Glenn W. Ferguson, (died in 2008). "In May 1966, President Lyndon B. Johnson named Mr. Ferguson ambassador to Kenya, a post he held for three years.

"Mr. Ferguson returned to the United States in 1969 and, for a year, was the chancellor of Long Island University. From 1970 to 1973, he was president of Clark University in Worcester, Mass., and from 1973 to 1978 he was president of the University of Connecticut.

"He then began a five-year term as chief executive of Radio Free Europe/Radio Liberty, the government-financed network created during the cold war that broadcast news in 21 languages to an estimated 18 million listeners a day.

"In 1983, Mr. Ferguson, who had not applied for the job, was named president of Lincoln Center. He had been recommended by several members of the board. But the primarily administrative nature of the job did not suit him, and nine months later he announced his resignation...

"Mr. Ferguson graduated from Cornell with a degree in economics in 1950. A year later, he earned a master’s degree in business administration, also from Cornell. He was a lieutenant in the Air Force during the Korean War, assigned to a psychological warfare unit. In 1957, he received a law degree from the University of Pittsburgh, but never practiced law.

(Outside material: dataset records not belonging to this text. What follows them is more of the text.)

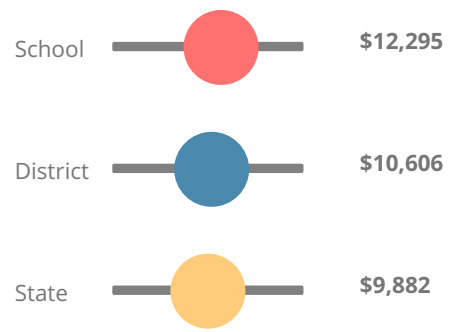

Performance Snapshot

- Irwin County High School's **overall performance is higher than 60% of schools in the state** and is higher than its district.
- Its students' **academic growth is higher than 65% of schools in the state**.
- **Its four-year graduation rate is 95.2%**, which is higher than 86% of high schools.
- **59.1% of graduates are college and career ready**.
- Irwin County High School is **Beating the Odds**, meaning that it performs better than similar schools.

School Wide

C77.9

Year	Irwin County High School
2019	C
2018	C
2017	B
2016	D
2015	C

Grade conversion	
A	90 - 100
B	80 - 89.9
C	70 - 79.9
D	60 - 69.9
F	0 - 59.9

CCRPI Single Score

Student Mobility Rate

9.9%

School Climate Star Rating

Financial Efficiency Star Rating

Per Pupil Expenditures

Race/Ethnicity

- Asian/Pacific Islander
- American Indian/Alaskan
- Black
- Hispanic
- Multi-racial
- White

Economically Disadvantaged (ED)

- ED
- Not ED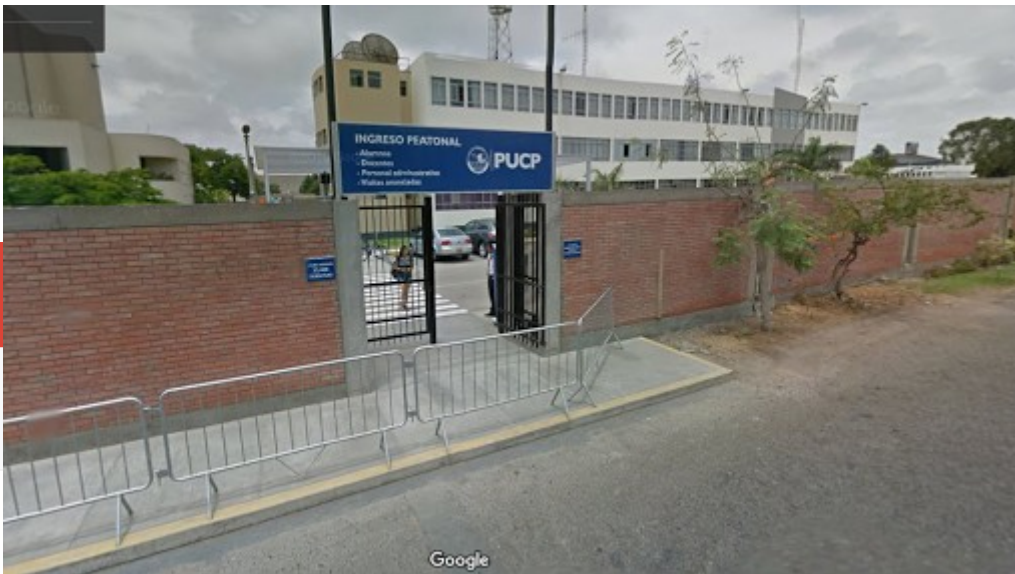

- 📍 PUCP Campus
- 📍 SUM - Main Auditorium
- 📍 Parallel Sessions

You want to use WiFi (redpucp): **C9AA28BA93**

Moving Around

You want to use WiFi (redpucp): **C9AA28BA93**

Moving Around

The screenshot shows the Google My Maps interface. The left sidebar contains a menu with the title 'XII SILAF AE', a search icon, and a star icon. Below the title, it shows '50 vistas' and a 'COMPARTIR' button. The sidebar is divided into three sections: 'Directions', 'Restaurants', and 'Main Points'. The 'Restaurants' section is circled in red and lists: Tangente, Charlotte - PUCP, Faroles Restobar, and Villa Chicken, with a link for '... 8 más'. The 'Main Points' section lists: PUCP Campus, SUM - Main Auditorium, and Parallel Sessions. The map on the right shows the PUCP campus with a blue route and several red 'X' icons. A red circle highlights a cluster of these red 'X' icons in the lower part of the map, near the intersection of Av. La Mar and Av. José de la Riva Agüero.

Directions

- Directions to SUM - Main Auditorium
- Directions to Plaza San Miguel
- Directions from Arrival Point to Welcome...

Restaurants

- Tangente
- Charlotte - PUCP
- Faroles Restobar
- Villa Chicken
- ... 8 más

Main Points

- PUCP Campus
- SUM - Main Auditorium
- Parallel Sessions

You want to use WiFi (redpucp): **C9AA28BA93**

☰ XII SILAFAE

50 vistas
[COMPARTIR](#)

✓ **Directions**

- 📍 Directions to SUM - Main Auditorium
- 📍 Directions to Plaza San Miguel
- 📍 Directions from Arrival Point to Welcome...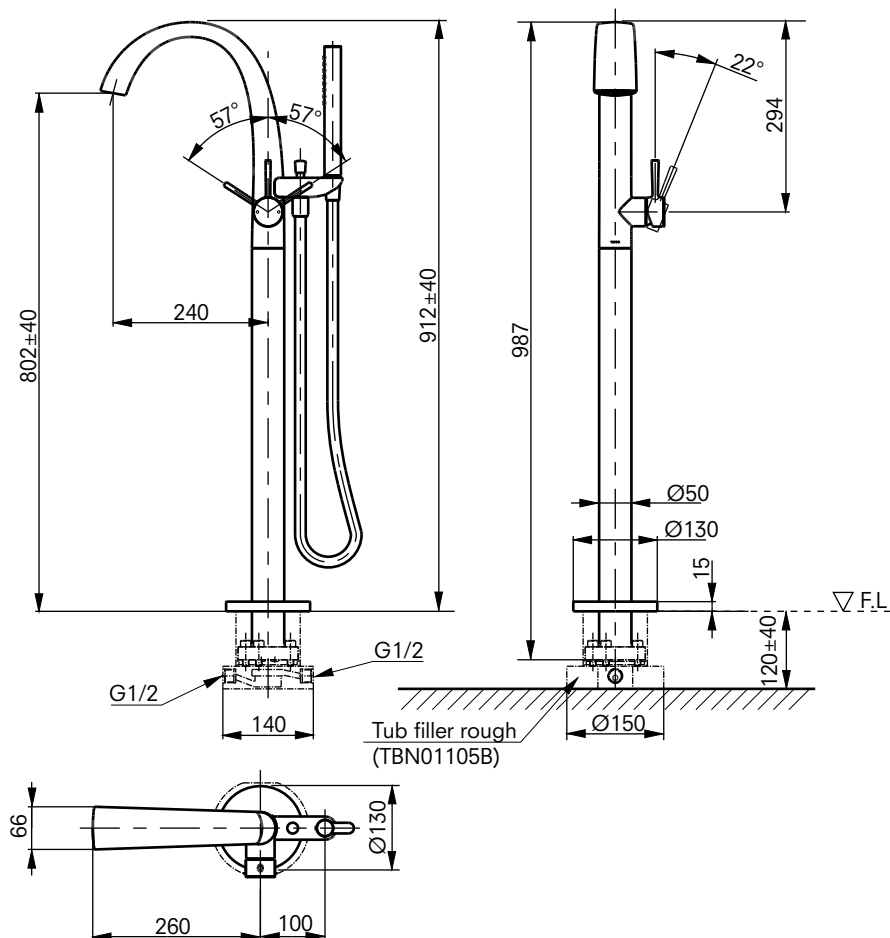

BATHTUB

Free standing bathtub mixer, Projection 240 mm

DE: Freistehende Badewannen-Armatur, Ausladung 240 mm
 NL: Vrijstaande badkraan, Uitsteeklengte 240 mm
 FR: Robinet de baignoire autoportant, Porte-à-faux 240 mm
 IT: Miscelatore per vasca da bagno ad isola, Sbraccio 240 mm

PRODUCT DETAILS

Product code	TBP01301E
EAN code	40 50663 09433 1
Size	w:141xd:375xh:952 (mm)
Weight	8.9 kg
Colour	Chrome
Material	Brass

TECHNICAL DETAILS

Flow rate hand shower (at 0.3 MPa)	3.7 l/min
Flow rate spout (at 0.3 MPa)	18 l/min
Operating pressure	0.05 MPa (dynamic) - 0.75 MPa (static)

TO BE COMBINED WITH

Socle for free standing bathtub mixer	TBN01105E
--	-----------

Weights and measurements shown may be subject to small variations or are indicative.

TECHNICAL DRAWINGS

BATHTUB

Free standing bathtub mixer,
Projection 240 mm

DE: Freistehende Badewannen-Armatur, Ausladung 240 mm
NL: Vrijstaande badkraan, Uitsteeklengte 240 mm
FR: Robinet de baignoire autoportant, Porte-à-faux 240 mm
IT: Miscelatore per vasca da bagno ad isola, Sbraccio 240 mm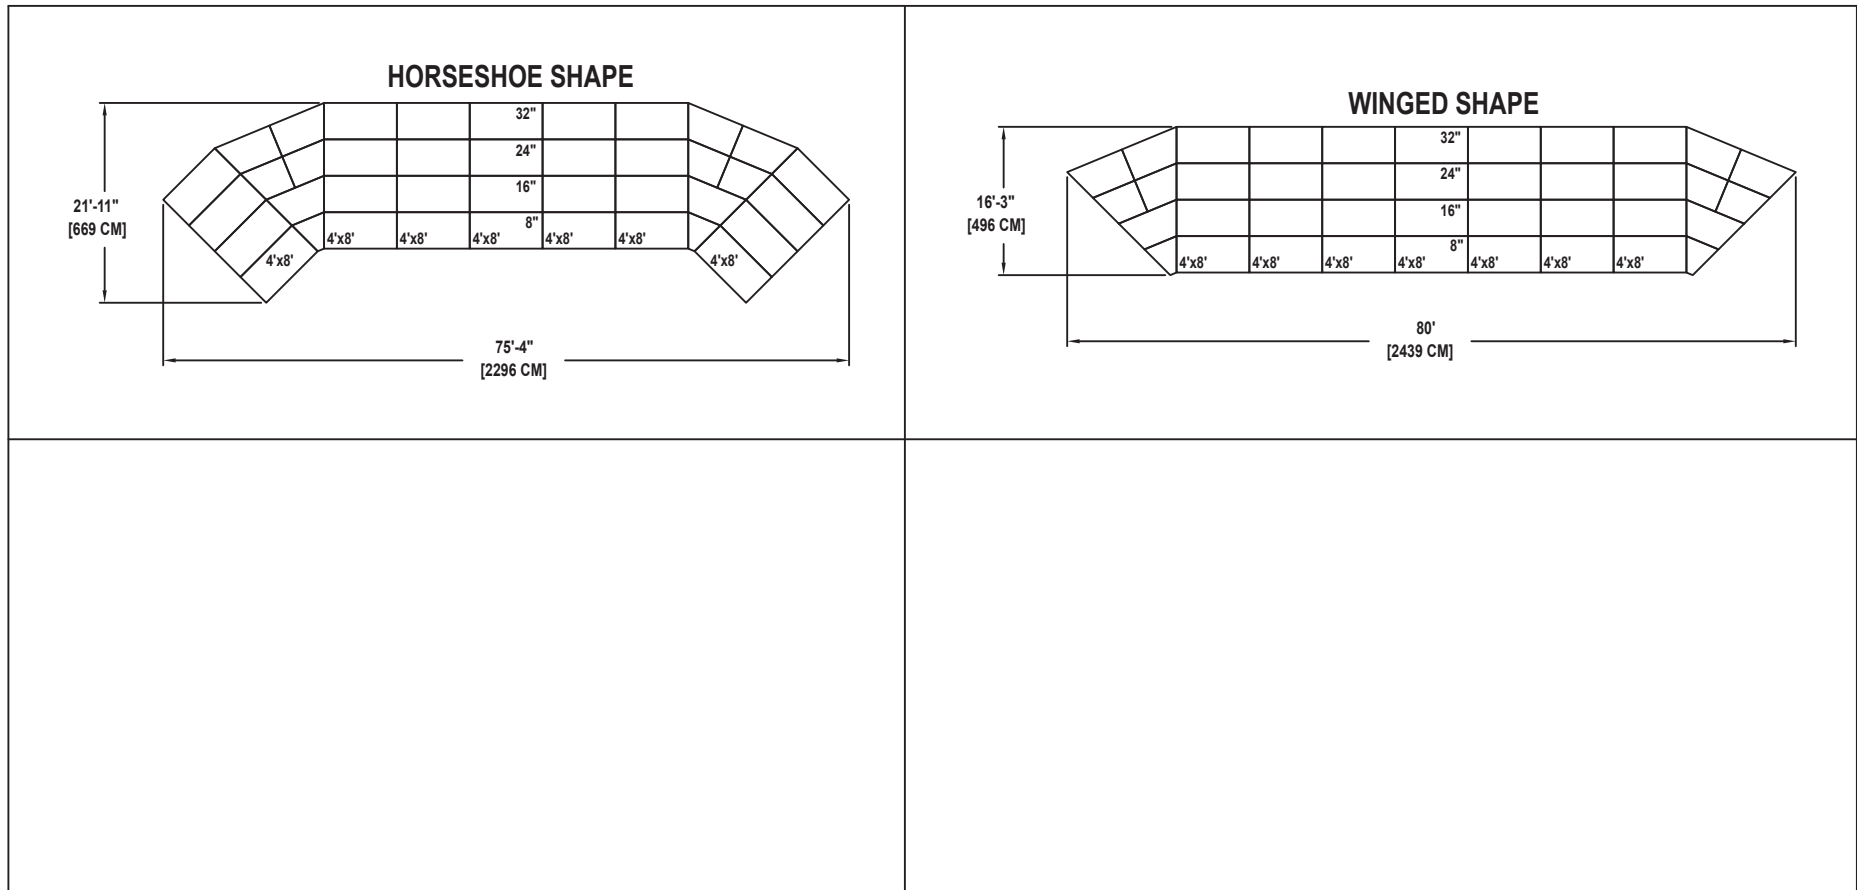

SEATED BAND / ORCHESTRA RISER SET

NO. 995

SEATING CAPACITY NOT USING THE FLOOR, 98.

SEATING CAPACITY WITH ONE ROW ON THE FLOOR, 119.

SEATING CAPACITY IS BASED ON 32" CHAIR SPACING.

Wenger®

C O R P O R A T I O N

Wenger®

JRCLANCY

GEARBOSS®

Drawing 100A309_C
Sheet 35 of 40

MUSIC EDUCATION AND PERFORMING ARTS

Owatonna Office: Phone 800.4WENGER (493-6437) Worldwide +1.507.455.4100 | Parts & Service 800.887.7145 | wengercorp.com | 555 Park Drive, PO Box 448 | Owatonna | MN 55060-0448

Syracuse Office: Phone 800.836.1885 Worldwide +1.315.451.3440 | jrclancy.com | 7041 Interstate Island Road | Syracuse | NY 13209-9713

ATHLETICS Phone 800.493.6437 | gearboss.com | 555 Park Drive, PO Box 448 | Owatonna | MN 55060-0448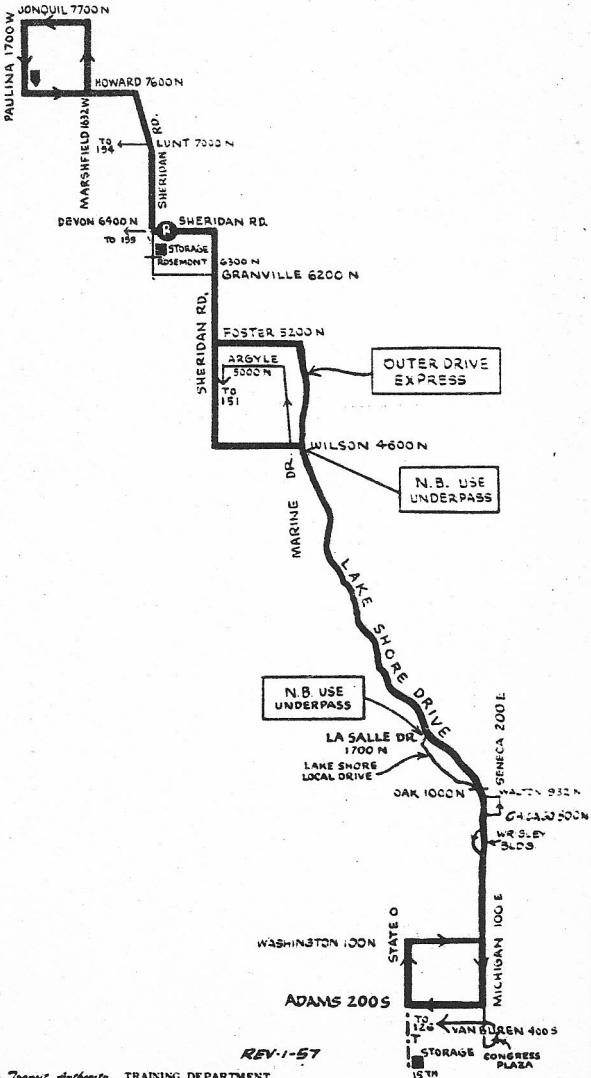

SHERIDAN EXPRESS

151A

DEVON STATION

GAS BUS

NOT DRAWN TO SCALE

R	RELIEF POINT
L	LAYOVER
T	TELEPHONE
---	PULL OUT
---	PULL IN ROUTE

REV-1-57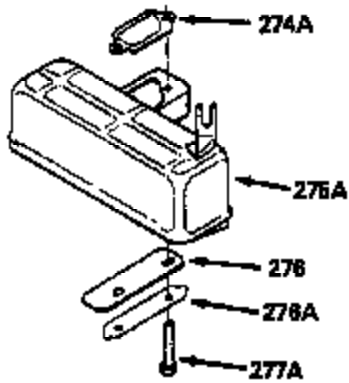

Ref #	Part Number	Qty	Description
380	632326		Carburetor (Incl. 184) (Refer to Division 5, Section A, page A1-42 or Fiche 23B,Grid F-13 for breakdown)
400	510295A		* Gasket Set (Incl. items marked *)
422	730227A		2-Cycle Oil (8 oz.)

ILLUSTRATION SHOWS TYPICAL PARTS ONLY. ORDER BY PART NUMBER. PARTS NOT LISTED ARE SUPPLIED BY OEM.

VIEW 2 OF 2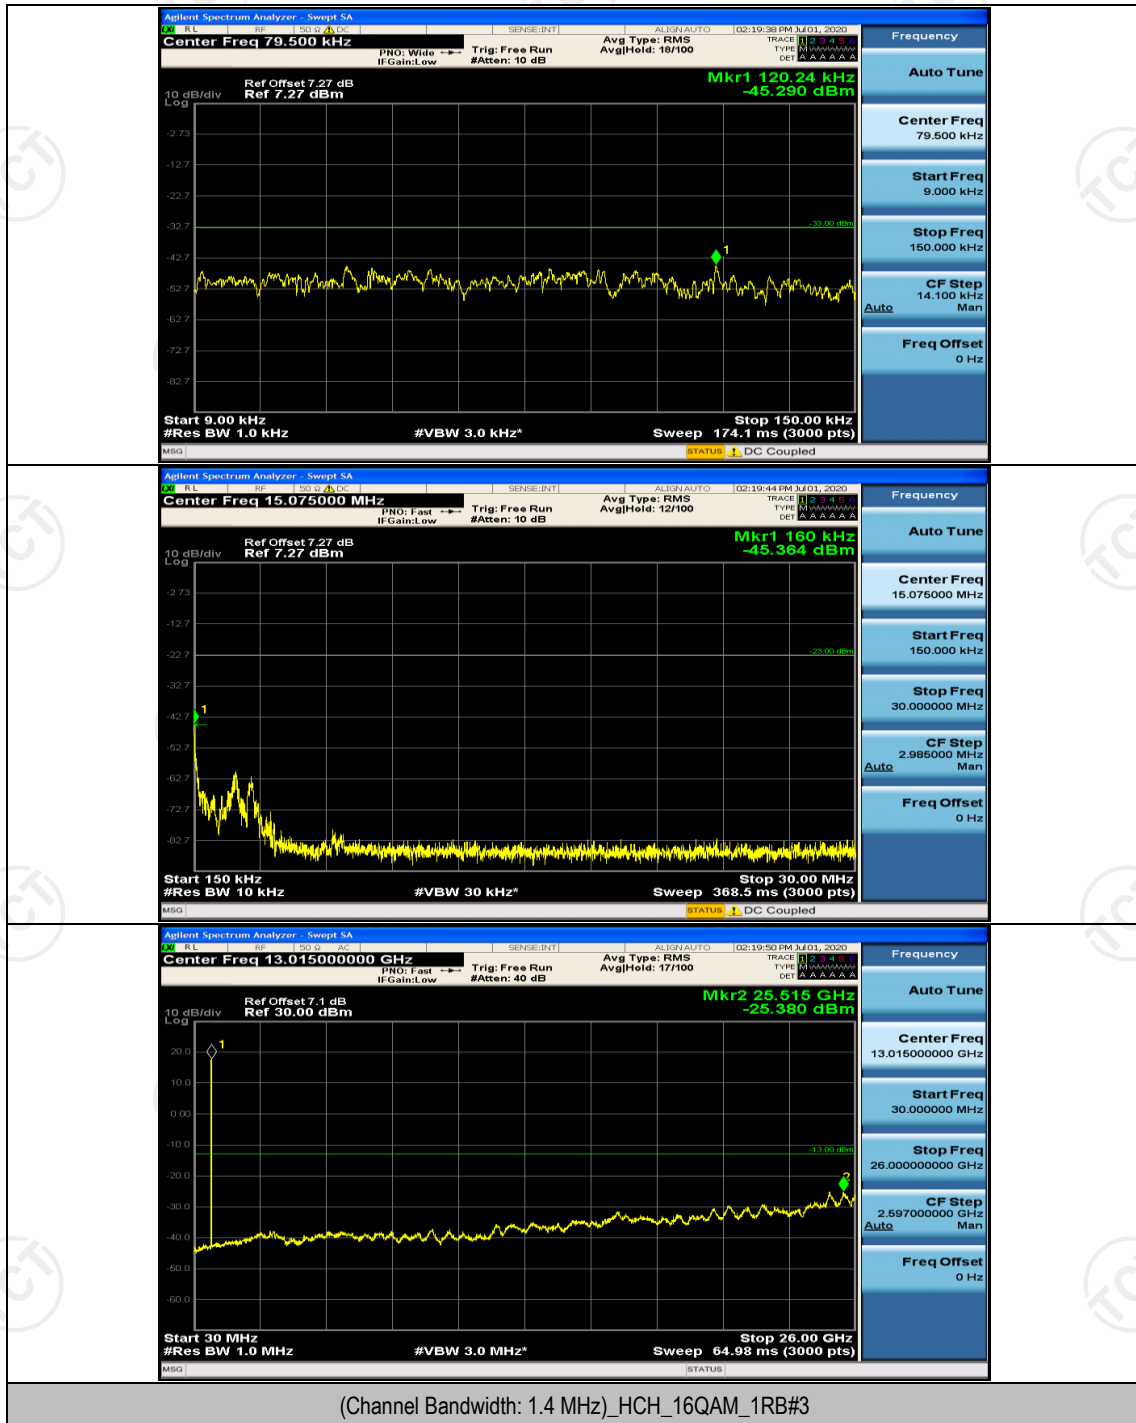

Appendix D: Band Edge

Test Graphs

Channel Bandwidth: 1.4 MHz

(Channel Bandwidth: 1.4 MHz)_HCH_16QAM_6RB#0

Channel Bandwidth: 3 MHz

(Channel Bandwidth: 3 MHz)_LCH_QPSK_15RB#0

(Channel Bandwidth: 3 MHz)_HCH_QPSK_15RB#0

(Channel Bandwidth: 3 MHz)_LCH_16QAM_15RB#0

(Channel Bandwidth: 3 MHz)_HCH_16QAM_15RB#0

Channel Bandwidth: 5 MHz

(Channel Bandwidth: 5 MHz)_LCH_QPSK_25RB#0

(Channel Bandwidth: 5 MHz)_HCH_QPSK_25RB#0

(Channel Bandwidth: 5 MHz)_LCH_16QAM_25RB#0

(Channel Bandwidth: 5 MHz)_HCH_16QAM_25RB#0

Channel Bandwidth: 10 MHz

Channel Bandwidth: 10 MHz_HCH_QPSK_50RB#0

Channel Bandwidth: 10 MHz_LCH_16QAM_50RB#0

Appendix E: Conducted Spurious Emission

Test Graphs

Channel Bandwidth: 1.4 MHz

(Channel Bandwidth: 1.4 MHz)_LCH_16QAM_1RB#0

Channel Bandwidth: 3 MHz

(Channel Bandwidth: 3 MHz)_LCH_QPSK_1RB#0

"After several years as a management consultant and then as an assistant professor of international affairs at the University of Pittsburgh, Mr. Ferguson was named director of the Peace Corps in Thailand. From 1964 to 1966, he was the first director of Vista, the domestic version of the Peace Corps.

"Besides his wife of 57 years, the former Patricia Head, Mr. Ferguson is survived by two sons, Bruce, of Great Falls, Va., and Scott, of Berkeley, Calif.; a daughter, Sherry Ferguson Zoellick, of McLean, Va.; and four grandchildren." [1]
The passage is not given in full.